Fat, which is found in both animal and plant-based products, is an important macro that has gotten a bit of a bad reputation in the last decades. Many people have blamed fat for weight gain, which has led to the adoption of restrictive diets that limit fat.

 

However, fat contains many necessary nutrients, and should never be avoided entirely. Fat helps us maintain our energy levels, insulates our organs, and is also a critical component of nutrient absorption, and brain and nerve function.


Calculating Your Macros


When someone talks about counting or calculating macros, they’re talking about adjusting the percentage of your daily caloric intake that comes from fat, carbohydrates, and protein. For example, the Institute of Medicine of the National Academies recommends the following ratios:

 

45-65% of calories from carbs

20-35% of calories from fats

10-35% of calories from protein

 

If a person is following a low-carb or ketogenic diet, they may have macros that look more like:

 

5% of calories from carbs

70% of calories from fat

25% of calories from protein

 

That’s because of a unique process in the ketogenic diet where your body starts to derive its energy primarily from fat, rather than carbohydrates. This process is called ketosis.
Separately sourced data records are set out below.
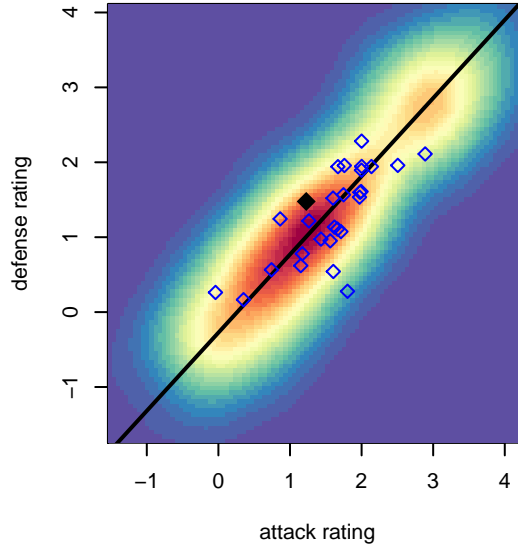

## NW United Premier G00

NW United FC  
 Burlington, WA  
 G00 total strength=1190  
 attack=3.41 defense=4.38  
 fall league = PSPL Premier U14  
 spr league = Spr PSPL Classic 1 U14  
 notes= Bell 2014

alt names used:  
 140 NW United FC G-00  
 Northwest United FC G-00 Bell  
 NW UNITEDNW UNITED FC-G00 BELL  
 Northwest United FC G-00 Bell  
 NW UNITED FC-G00 BELL (WA)  
 NW UNITED FC G00 (WA)

Venues played:  
 2014 Skagit Firecracker Silver U15  
 2014 Baker Blast Premier U14  
 2014 WA Rush Cup GU14 Silver U14  
 2014 Skagit Super Cup U14 Gold  
 2014 PSPL Premier U14  
 2014 Spr PSPL Classic 1 U14  
 2014 WA Cup GU14 Gold/Platinum U14

**attack and defense variance (black dot)  
relative to other teams  
and top 10 in region**

**attack and defense rating  
relative to others at age  
and all opponents in last 13 months**

**Performance relative to 13 month average**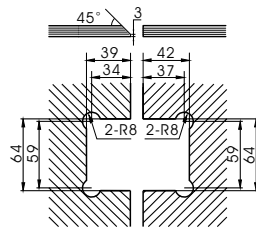

GLASS - GLASS 135° ADJUSTABLE HINGE

CODE S.735135C

Chrome Finish, Brass Finish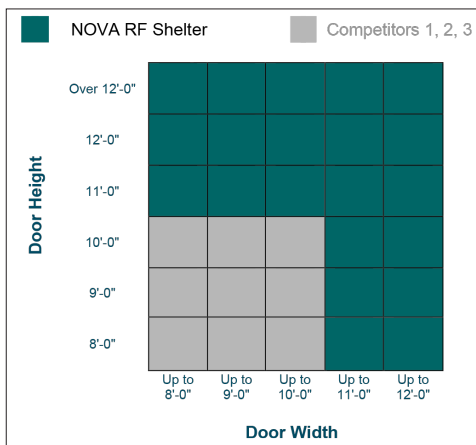

RIGID FRAME (RF) DOCK SHELTER

COMPETITIVE PRODUCT COMPARISON

FEATURES AND BENEFITS

- Designed for doors 12 x 12-feet and higher
- Head and side curtains provide wrap-around protection
- Provides full access to trailers
- Minimizes pressure on building walls
- Pressure-treated, kiln-dried wood frame
- Side and top fiberglass panels
- Large steel support bumpers
- Corner wear pleats are standard
- Vinyl-covered foam draft pads
- 24-inch shelter projection
- Heavy-duty galvanized mounting hardware
- Standard 15-inch yellow guide stripes
- All sew lines are lock-stitched and reinforced with UV-resistant thread

GREATEST SIZE OPTIONS: The NOVA RF Series Dock Shelter is designed to fit door openings from 8 x 8-feet up to 12 x 12-feet and higher.

MORE OPTIONS FOR SAFETY, DURABILITY AND STYLE: The RF Series is available in six fabric selections and four different colors, many available with an optional flame-retardant design that self-extinguishes a flame in two seconds or less.

Using Macros to Stay Healthy


If you’re just trying to maintain a healthy diet, it’s best to track your food intake for a few days and see what macro ratio works for you. There’s no one-size-fits-all answer. However, if you realize that the vast majority of your caloric intake comes from one source over another, it may be time to adjust to make sure you’re getting a healthy variety of nutrients from fats, carbohydrates, and protein.